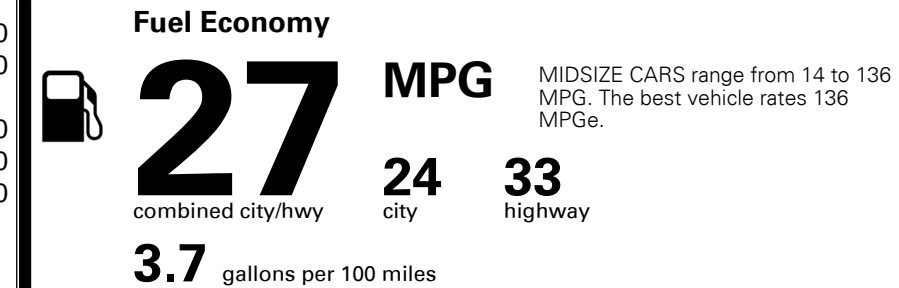

EXTERIOR
Outside Mirrors w/ LED Turn Signal Indicators
Single Projection Headlights w/ LED DRL

WARRANTY
10 Year/100,000 Mile Limited Powertrain Warranty
5 Year/60,000 Mile Limited Basic Warranty
5 Year/60,000 Mile Roadside Assistance
*Ask dealer for details

MANUFACTURER'S SUGGESTED RETAIL PRICE ▶

$ 22,990.00

ADDITIONAL INSTALLED EQUIPMENT:
(In addition to or in place of standard features)
Snow White Pearl Paint $495.00
LX Wheel & Tire Upgrade $500.00
- 17" Alloy Wheels and Tires $75.00
Rear Bumper Applique $130.00
Carpeted Floor Mats $110.00
Door Sill Applique

MSRP INCLUDING OPTIONS

$ 24,300.00

INLAND FREIGHT AND HANDLING

$ 925.00

TOTAL MANUFACTURER'S SUGGESTED RETAIL PRICE ▶

$ 25,225.00

TOTAL ADDITIONAL WEIGHT: 8.4

EPA DOT Fuel Economy and Environment

Gasoline Vehicle

You save $0
in fuel costs over 5 years compared to the average new vehicle.

Annual fuel cost
$1,400
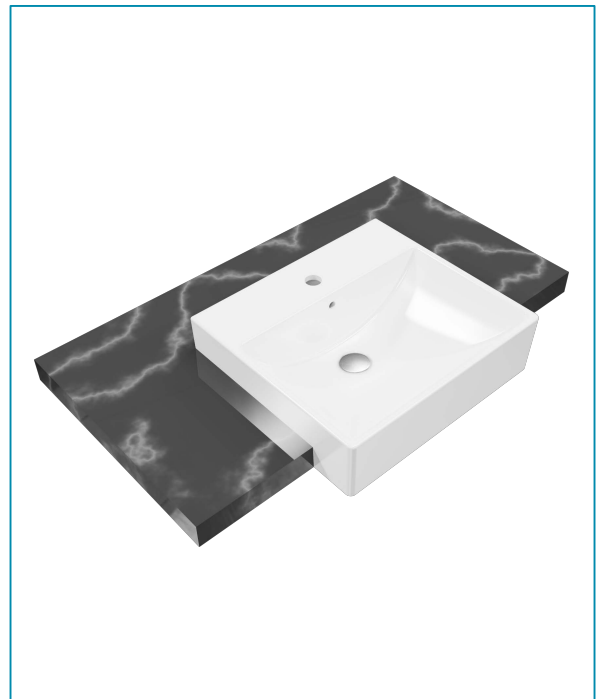

## Semi-Recessed Lavatory

### Product Features

- High gloss surface finishing
- Easy to clean surface profile

### Product Specification

- Dimension : 500(L) x 450(W) x 185(H)mm
- Material : Vitreous China

### Technical Drawing

Top view

Front view

Side view

( ) Denotes recommended value.  
All dimension are in mm.  
Use template for counter top opening.  
Codes/ Standard: BCA 2019

Rev	0.1
Date	30.04.2021

**DISCLAIMER** : While every effort has been made to ensure factual accuracy, the information presented is subject to changes due to requirements in different sites, markets and / or countries. Rigel reserves the right to make the necessary amendments at any time without prior notice.
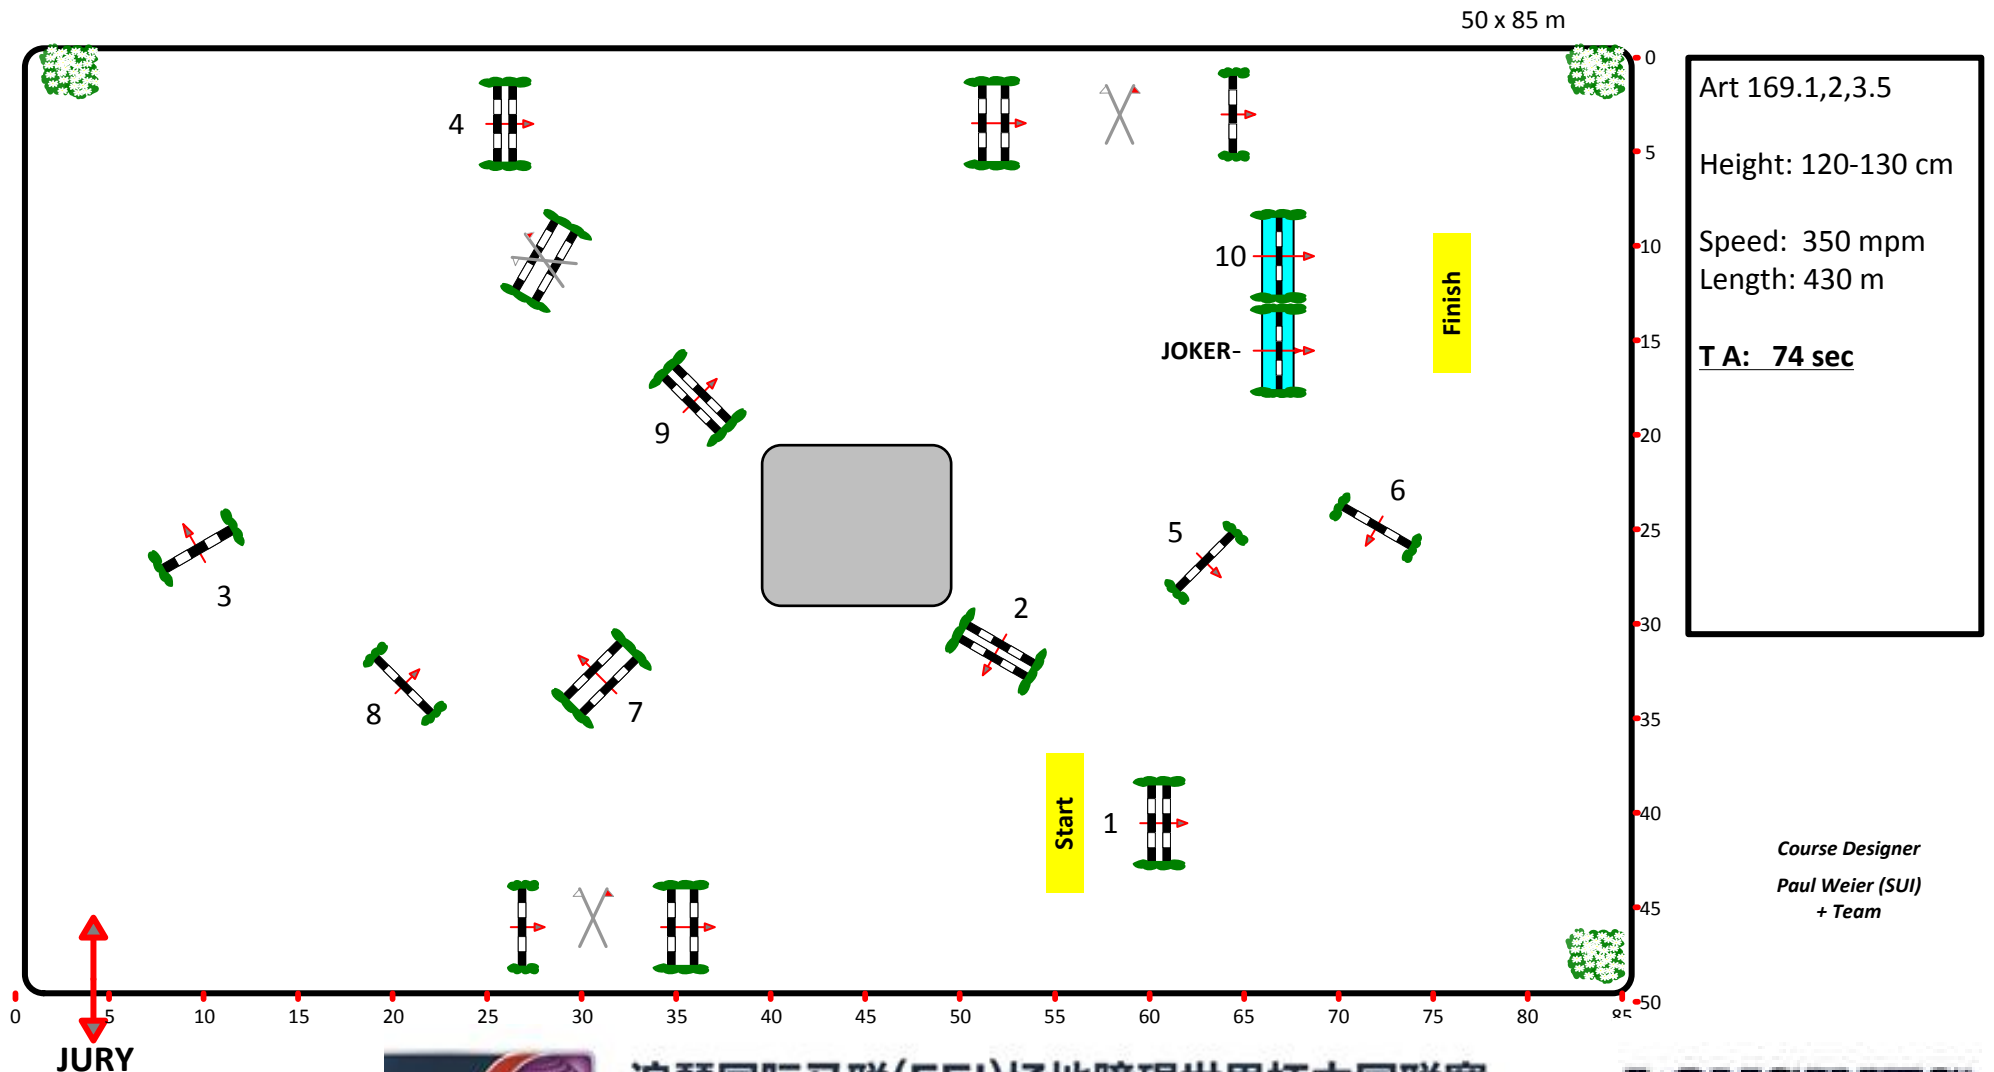

BEIJING 2015 LONGINES FEI World Cup Jumping CHINA LEAGUE

Accumulator

Saturday, 25th April

Start: 13:00

浪琴国际马联(FEI)场地障碍世界杯中国联赛
LONGINES FEI WORLD CUP™ JUMPING CHINA LEAGUE

Assigned task:
For this exercise, restate the material exactly and skip every picture.

Task answer:
EXTERIOR
Outside Mirrors w/ LED Turn Signal Indicators
Single Projection Headlights w/ LED DRL

WARRANTY
10 Year/100,000 Mile Limited Powertrain Warranty
5 Year/60,000 Mile Limited Basic Warranty
5 Year/60,000 Mile Roadside Assistance
*Ask dealer for details

MANUFACTURER'S SUGGESTED RETAIL PRICE ▶

$ 22,990.00

ADDITIONAL INSTALLED EQUIPMENT:
(In addition to or in place of standard features)
Snow White Pearl Paint $495.00
LX Wheel & Tire Upgrade $500.00
- 17" Alloy Wheels and Tires $75.00
Rear Bumper Applique $130.00
Carpeted Floor Mats $110.00
Door Sill Applique

MSRP INCLUDING OPTIONS

$ 24,300.00

INLAND FREIGHT AND HANDLING

$ 925.00

TOTAL MANUFACTURER'S SUGGESTED RETAIL PRICE ▶

$ 25,225.00

TOTAL ADDITIONAL WEIGHT: 8.4

EPA DOT Fuel Economy and Environment

Gasoline Vehicle

You save $0
in fuel costs over 5 years compared to the average new vehicle.

Annual fuel cost
$1,400

## Semi-Recessed Lavatory

### Product Features

- High gloss surface finishing
- Easy to clean surface profile

### Product Specification

- Dimension : 500(L) x 450(W) x 185(H)mm
- Material : Vitreous China

### Technical Drawing

Top view

Front view

Side view

( ) Denotes recommended value.  
All dimension are in mm.  
Use template for counter top opening.  
Codes/ Standard: BCA 2019

Rev	0.1
Date	30.04.2021

**DISCLAIMER** : While every effort has been made to ensure factual accuracy, the information presented is subject to changes due to requirements in different sites, markets and / or countries. Rigel reserves the right to make the necessary amendments at any time without prior notice.

BEIJING 2015 LONGINES FEI World Cup Jumping CHINA LEAGUE

Accumulator

Saturday, 25th April

Start: 13:00

浪琴国际马联(FEI)场地障碍世界杯中国联赛
LONGINES FEI WORLD CUP™ JUMPING CHINA LEAGUE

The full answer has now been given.